======== TASK INPUT

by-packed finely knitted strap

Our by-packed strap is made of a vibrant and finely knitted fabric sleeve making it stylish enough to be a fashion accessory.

================
======== TASK INPUT

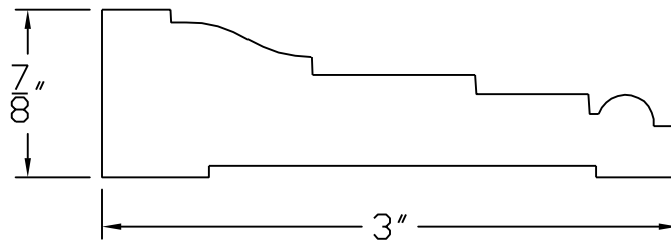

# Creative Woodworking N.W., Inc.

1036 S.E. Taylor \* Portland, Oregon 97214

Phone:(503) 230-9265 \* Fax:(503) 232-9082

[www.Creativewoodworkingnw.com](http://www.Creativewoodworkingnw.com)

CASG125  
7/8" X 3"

================
======== TASK INPUT

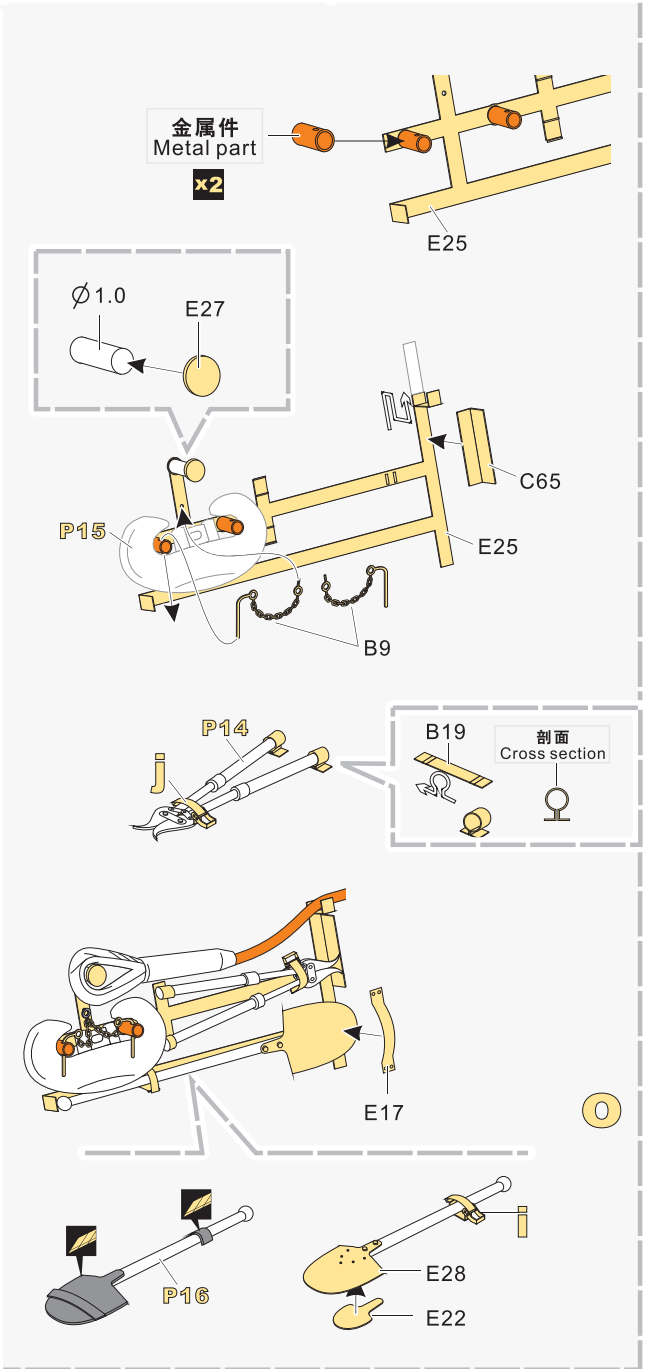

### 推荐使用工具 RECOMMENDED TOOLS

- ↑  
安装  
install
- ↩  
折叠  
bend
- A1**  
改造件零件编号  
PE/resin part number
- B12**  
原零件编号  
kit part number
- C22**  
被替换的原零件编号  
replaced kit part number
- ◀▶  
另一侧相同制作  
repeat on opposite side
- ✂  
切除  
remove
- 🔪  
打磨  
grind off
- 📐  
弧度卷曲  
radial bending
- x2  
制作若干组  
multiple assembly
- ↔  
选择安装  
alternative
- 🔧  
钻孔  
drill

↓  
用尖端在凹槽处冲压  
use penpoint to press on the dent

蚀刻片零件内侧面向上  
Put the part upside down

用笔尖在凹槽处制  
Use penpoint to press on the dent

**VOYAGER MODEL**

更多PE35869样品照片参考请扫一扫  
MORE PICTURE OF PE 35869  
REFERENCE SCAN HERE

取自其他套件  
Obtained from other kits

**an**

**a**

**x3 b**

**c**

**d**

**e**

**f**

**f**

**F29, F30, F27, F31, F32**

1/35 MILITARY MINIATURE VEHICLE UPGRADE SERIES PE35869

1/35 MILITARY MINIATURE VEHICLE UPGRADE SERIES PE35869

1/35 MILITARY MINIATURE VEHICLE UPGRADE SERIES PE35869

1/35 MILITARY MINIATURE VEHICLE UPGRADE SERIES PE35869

================

ABOUT THIS EXERCISE: Count up the lines in the entries that hold "packed", and respond with that count and no other text.

RESULT: 2